Wednesday, March 1, 2017
This Is Me, at Least with a 90% Probability
I have been doing a lot of looking for myself... online. It started a few weeks ago when I submitted my address to a website. When I checked back a week or so later, the site had changed my address to an older one that no longer exists. Really, the building has been torn down and even the ZIP code is being phased out. I may have typed a digit or two off, but that cannot explain why the site reverted to an old address. Therefore, I decided to search for myself online. It took between 4-10 pages of results before I came across a page that was about me, depending upon the search engine used.

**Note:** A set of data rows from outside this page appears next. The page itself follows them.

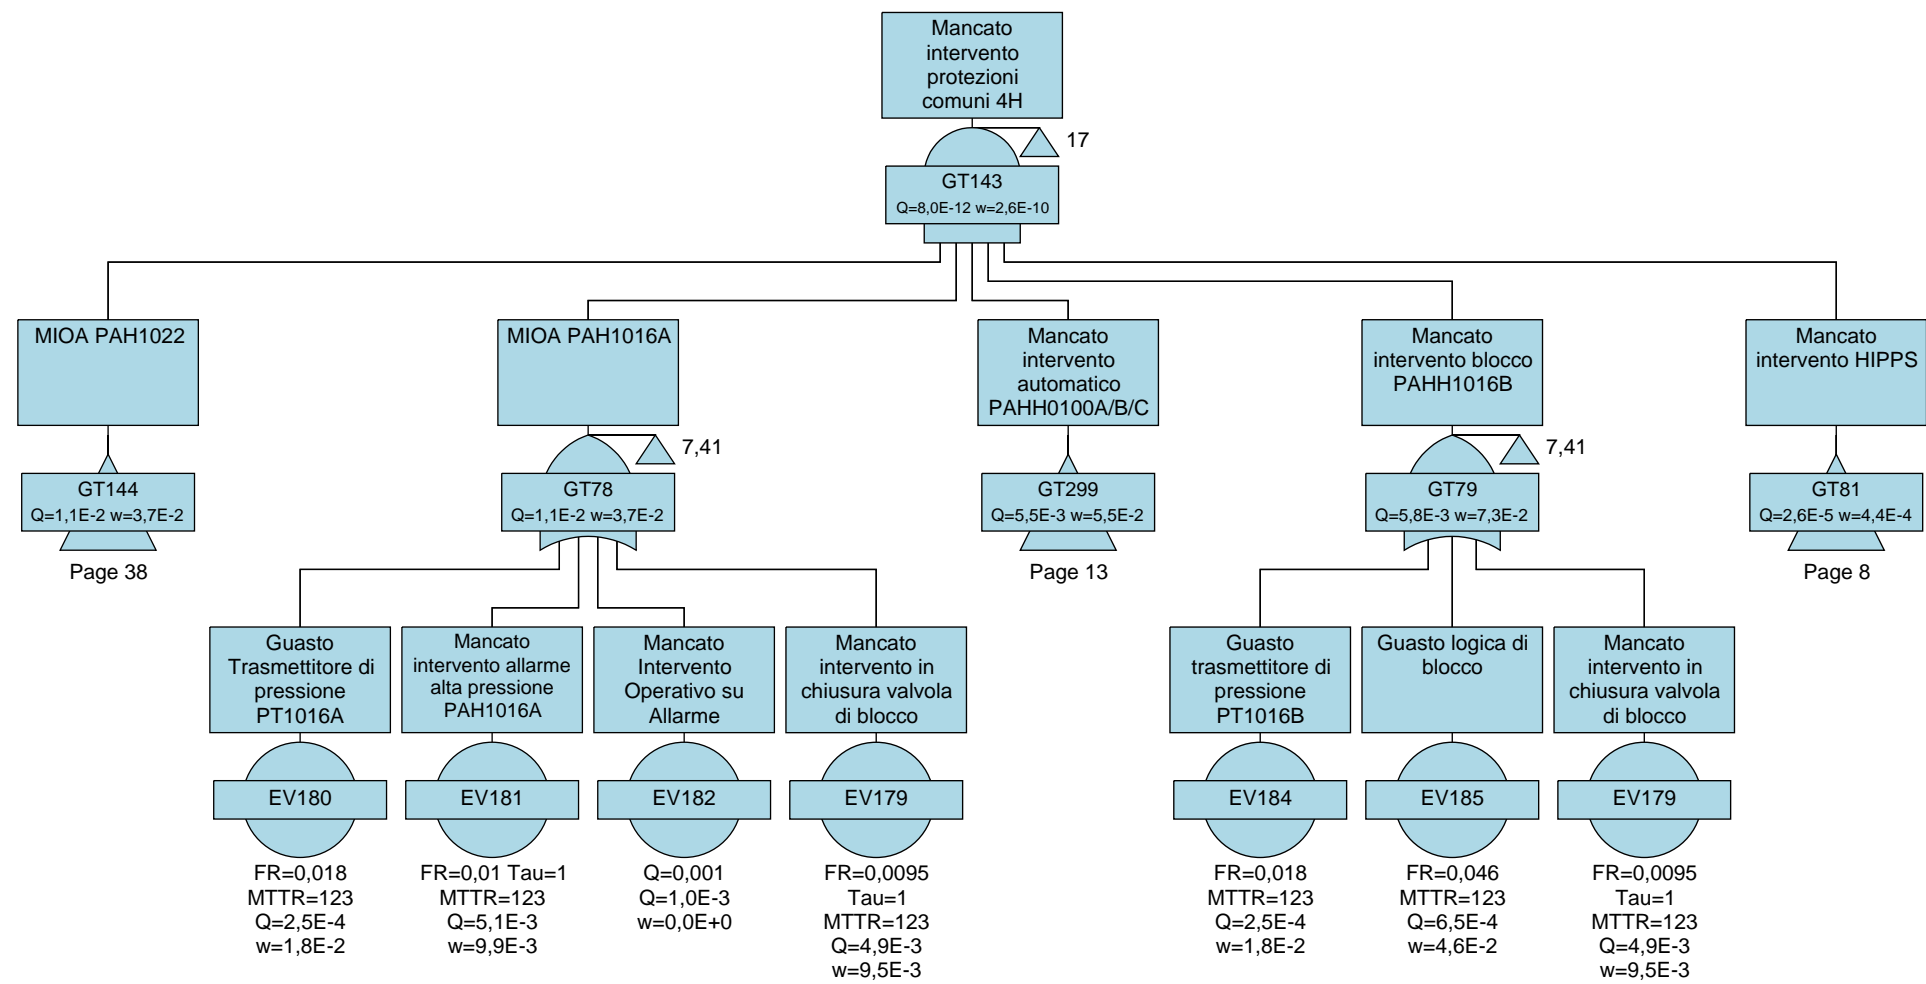

	PROGETTISTA  Tecnologia Ricerca Rischi	COMMESSA NQ/R21300/L01	UNITA' -
	LOCALITA' PORTO TORRES (SS) (SARDEGNA)	001-EB-D-40061	
	PROGETTO / IMPIANTO FSRU Porto Torres e Opere Connesse	Allegato C.4.1_2	Rev. 00

Alberi di guasto RdS Porto Torres

Fault Tree Diagrams

Alberi di guasto RdS Porto Torres

Fault Tree Diagrams

Alberi di guasto RdS Porto Torres

Fault Tree Diagrams

Alberi di guasto RdS Porto Torres

Fault Tree Diagrams
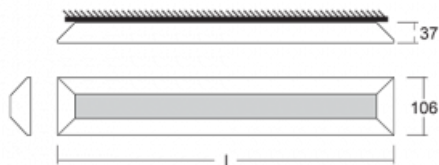

Technický výkres

Typ montáže Přisazené, Nástěnné, Závěsné

Typ vyzařování Nepřímé

Tvar svítidla Lineární

Barva svítidla Černá

Materiál Hliník

Životnost L80/B20 50 000 hodin

Záruka 5 let

Popis svítidla Svítidlo přisazené/nástěnné/závěsné

Popis zboží samostatné svítidlo

Rozměry 1736 mm × 37 mm × 106 mm

Hmotnost 6 kg

Světelný zdroj LED MODUL

Druh optiky Opálový difusor

Světelný tok 7120 lm ± 10 %

Teplota chromatičnosti 4000 K studená bílá

Měrný výkon 123 lm/W

MacAdam zdroje 3

Index podání barev 80

Příkon svítidla 57.9 W ± 10 %

Zapojení svítidla Předradník nestmívatelný

Elektrické napětí 220-240V

Frekvence 50/60Hz

IP 20
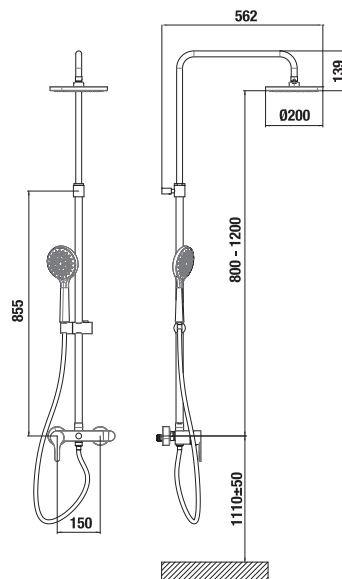

CSAPTELEPEK ÉS ZUHANYKIEGÉSZÍTŐK /

ZUHANY OSZLOP MIO-N

Termék száma	Termékleírás	Ár
H3311V70045711	egykaros, fali zuhany csaptelep, zuhanyszettel (fejzuhany átm. 200 mm, kézzzuhany 4 különböző funkció átm. 130 mm, gégecső 1.7 m)	156 539 Ft

FELSŐ ZUHANY - FEJ MIO

Termék száma	Termékleírás	Ár
H3677100040421	fej feletti zuhany, 1 funkció, állítható 30°, zuhanyzó rész króm	20 582 Ft
H3662700040201	zuhany kar, króm (külön megrendelni)	8 228 Ft

Termék száma	Termékleírás	Ár
H3677100040411	Mio fej feletti zuhany, 1 funkció, zuhanyzó rész szürke műanyag	14 408 Ft
H3662700040201	zuhany kar, króm (külön megrendelni)	8 228 Ft

A zuhanyzó tartozékok az egyes sorozatokkal kompatibilisek – tetszőlegesen kombinálhatók.

ZUHANY GÉGECSŐ MIO

Termék száma	Termékleírás	Ár
H3621X00002731	zuhany gégecső 1,7 m, PVC Satin Cubito N	10 986 Ft

Not bad for only a few months of online presence. Most of the results were about a physician who may work for the Mayo clinic. Probably not related. I even checked one of those "free" people finding sites for me. It did not find me. Not one of the results were anywhere near me. It was only when I began thinking about a topic for today's post that I realized why I couldn't be found. I,technically, have an unlisted phone number. Oh, it is in the directory, just not under my name. I never bothered to have it added or changed. On the one hand, this cuts down on any unsolicited calls as well as many attempt at identity theft. On the other hand, it makes it almost impossible for anyone who really wants or needs to find me. I had unintentionally made myself too unavailable. With all of this misinformation out there, one would either had to know some very specific things about me or be one of the few people I had given personal contact information to over the years, and then search for me using that data. A very hard challenge, but it would be one I personally would enjoy. I have actually done such searches based on little info over the years. For example, for the final challenge in a contest, I had to look through nature guides to identify the approximate species of a bird depicted on a stamp and then go online to find out which country, or former country, had issued said stamp. While I wasn't one of the winners chosen, I did manage to get the correct answer. Of course, now that I am on social media, it has become a lot easier to find me; as long as one remembers to look for me every once and awhile. That reminds me, I might have to change some of my security settings soon.